Your task is to set down the line containing "This is a summary" and every later line of the entries, word for word, including the last.

[Given data Boundary: Start]

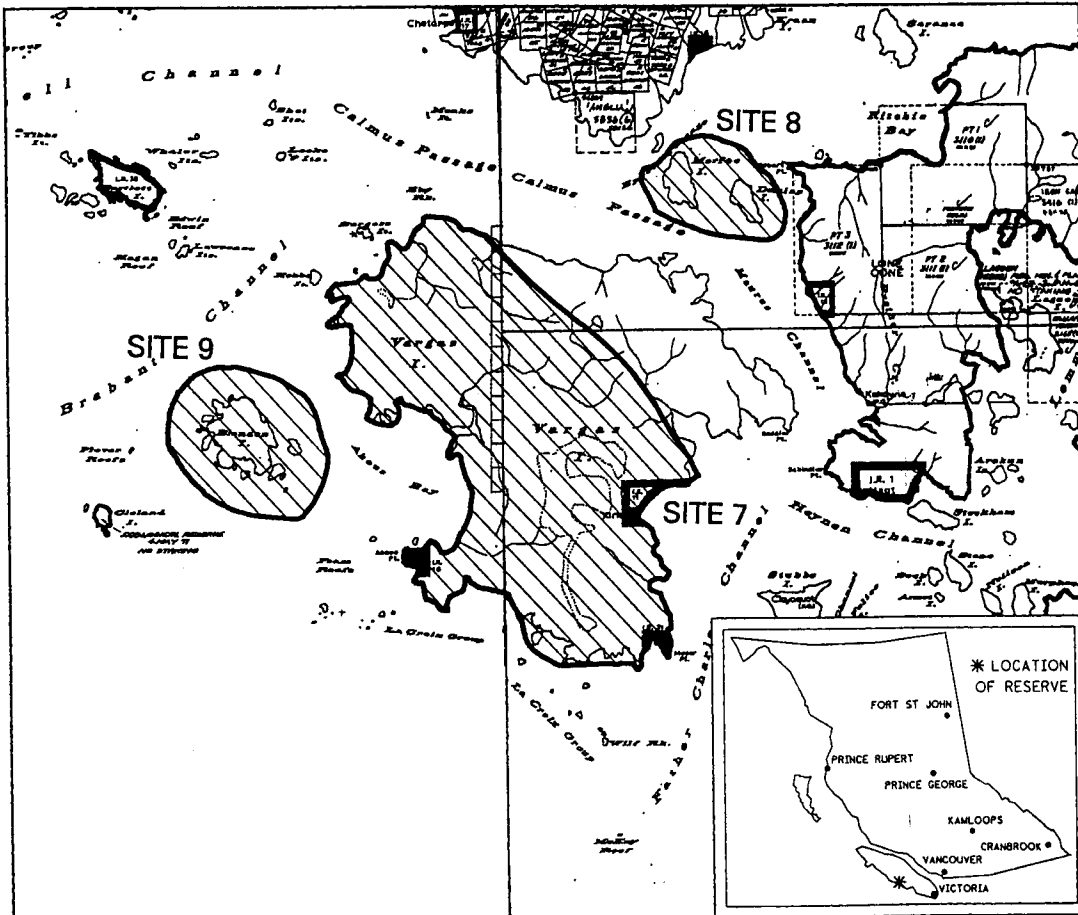

FILE NO. 14280 03 936

PROVINCE OF BRITISH COLUMBIA
MINISTRY OF ENERGY, MINES AND PETROLEUM RESOURCES
MINERAL TITLES BRANCH

CLAYOQUOT SOUND - SITES 7, 8, 9

This is a summary sketch of the area shown in black on Mineral Titles Reference Maps (File 12000 01)

LAND DISTRICT: CLAYOQUOT	MINING DIVISION: ALBERNI	
MAPS: 092E01E, 092F04W	SCALE 1:100 000	SKETCH PREPARED BY: LCK

[Given data Boundary: End]

**Exercise answer**
This is a summary sketch of the area shown in black on Mineral Titles Reference Maps (File 12000 01)

LAND DISTRICT: CLAYOQUOT	MINING DIVISION: ALBERNI	
MAPS: 092E01E, 092F04W	SCALE 1:100 000	SKETCH PREPARED BY: LCK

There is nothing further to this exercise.